If a record contains a picture, drop the picture and copy everything else exactly.

-------

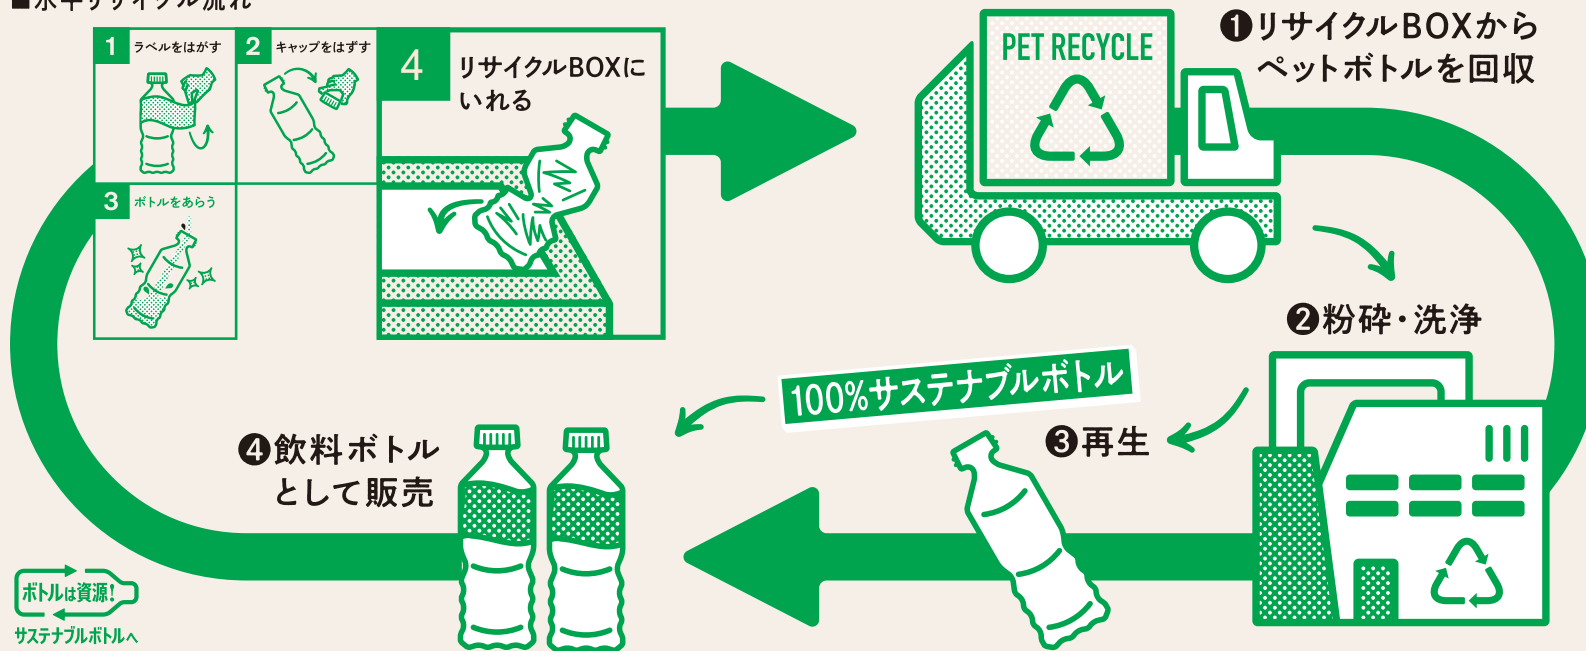

可見市では、水平リサイクルへの取り組みを推進しています。

■水平リサイクル流れ

「ボトル to ボトル」水平リサイクルへの取り組み^{※1}

※1 「ボトル to ボトル」水平リサイクルとは、使用済み製品を原料として用いて同一種類の製品につくりかえるリサイクルのことです。

水平リサイクルすることで、化石原料の使用削減、二酸化炭素約60%削減^{※2}につながります。

※2 従来の石油由来ペットボトルとメカニカルリサイクルによるペットボトルの製造工程での二酸化炭素排出量の比較。
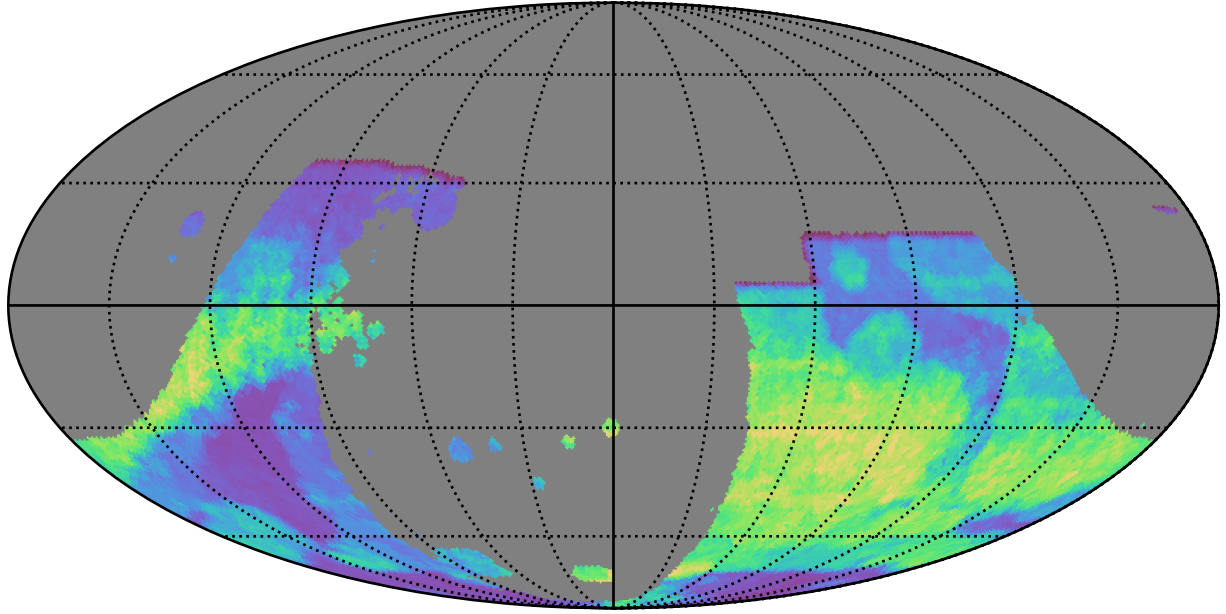

ddf\_loaded\_half\_fl15\_v3.4\_10yrs : GalPlaneSeasonGapsTimescales\_combined\_map\_Tau\_100\_0

0.0 0.1 0.2 0.3 0.4 0.5 0.6 0.7 0.8 0.9 1.0  
GalPlaneSeasonGapsTimescales\_combined\_map\_Tau\_100\_0  
(MJD mag)

-------

Reply to the exercise:
可見市では、水平リサイクルへの取り組みを推進しています。

■水平リサイクル流れ

「ボトル to ボトル」水平リサイクルへの取り組み^{※1}

※1 「ボトル to ボトル」水平リサイクルとは、使用済み製品を原料として用いて同一種類の製品につくりかえるリサイクルのことです。

水平リサイクルすることで、化石原料の使用削減、二酸化炭素約60%削減^{※2}につながります。

※2 従来の石油由来ペットボトルとメカニカルリサイクルによるペットボトルの製造工程での二酸化炭素排出量の比較。

ddf\_loaded\_half\_fl15\_v3.4\_10yrs : GalPlaneSeasonGapsTimescales\_combined\_map\_Tau\_100\_0

0.0 0.1 0.2 0.3 0.4 0.5 0.6 0.7 0.8 0.9 1.0  
GalPlaneSeasonGapsTimescales\_combined\_map\_Tau\_100\_0  
(MJD mag)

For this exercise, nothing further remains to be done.